The Massachusetts Coastal Railroad  is a Class III railroad serving south-eastern Massachusetts. The railroad maintains track from Hyannis to Framingham, with the railroad operating its own trains on the 97 miles of lines between Hyannis and Fall River/New Bedford. The railroad is the successor operator of portions of the Bay Colony Railroad.

History
On December 31, 2007, the contract to operate the freight railroad lines owned by the Commonwealth of Massachusetts administered by the Executive Office of Transportation (EOT) expired.  These railroad lines included the Cape Main Line, as well as several shorter lines both on Cape Cod and in Southeastern Massachusetts.  The new contract was awarded to a new company, the Massachusetts Coastal Railroad, which took over on January 1, 2008.  At that time, the Bay Colony ceased operations on those lines, but continues to operate in other areas of the Commonwealth, including on the Watuppa Branch in Dartmouth and Westport, and the Millis Branch in Millis.

The Massachusetts Coastal Railroad is headquartered in Lakeville, Massachusetts.

Operations

The railroad operates the "trash train" hauling refuse from the Upper Cape Regional Transfer Station in Falmouth and the Yarmouth-Barnstable Regional Transfer Station in Yarmouth to the Southeastern Massachusetts Resource Recovery Facility, a waste-to-energy plant in Rochester, MA, as did its predecessor.

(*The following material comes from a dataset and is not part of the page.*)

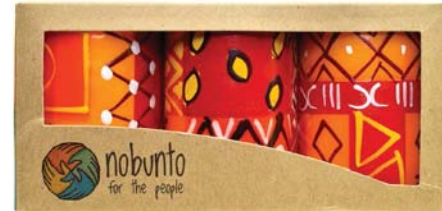

Nobunto Candles

Nobunto Candles, based in South Africa, is a new supplier for us and we highly recommend them. Their excellent packaging makes them perfect as gifts.

Dignity and pride are still missing for many in the post-apartheid era, these are key qualities which Nobunto Candles tries to instill in its workers. The suppression of human rights can still be seen today in some of the more deprived parts of South Africa. At Nobunto, the entire production process is in the hands of a small team of artisans, giving them increasing self-confidence and allowing some wonderful creative initiatives to occur. In the words of an old South African proverb, "the absence of the chief increases respect". Economically, the artisans have security and a positive feeling of responsibility for the direction of their futures.

This is the first time that Shared Earth has bought directly from South Africa and we are delighted to be doing so. Nobunto Candles runs according to WFTO (World Fair Trade Organisation) principles and is yearly certified under the Swiss Fair Trade certifier Fair For Life.

The operations occur entirely along the Cape Main Line, including the spur to Falmouth. However, Massachusetts Coastal operates the train under the new name, "Energy Train" using 20 former Canadian Pacific bath tub coal hopper cars rebuilt into "Energy" cars. These "Energy Cars" are numbered 1000–1019. These cars are painted in a Pullman green scheme with a black band. The first 6 cars were fully painted with "MASS COASTAL" lettering, and "ENERGY TRAIN" written along the sides and gold stripes. The remaining 14 cars are in an abbreviated scheme with no lettering or stripes. This was done to speed up the delivery process. As of January 2015, the Energy Train operates Monday through Friday in the morning and afternoon.

In addition to the energy train, Mass Coastal offers general freight transport for companies based on Cape Cod and the south coast, specifically along the Cape Main, Middleboro Secondary, New Bedford Subdivision, Fall River Secondary, and the Dean Street Industrial Track (the latter of which is located in Taunton). Interchanges are done with CSX in Middleboro several times a week, to allow for long-distance shipping to and from the region. Operations in Fall River, New Bedford, and Taunton can be seen some days Monday through Friday.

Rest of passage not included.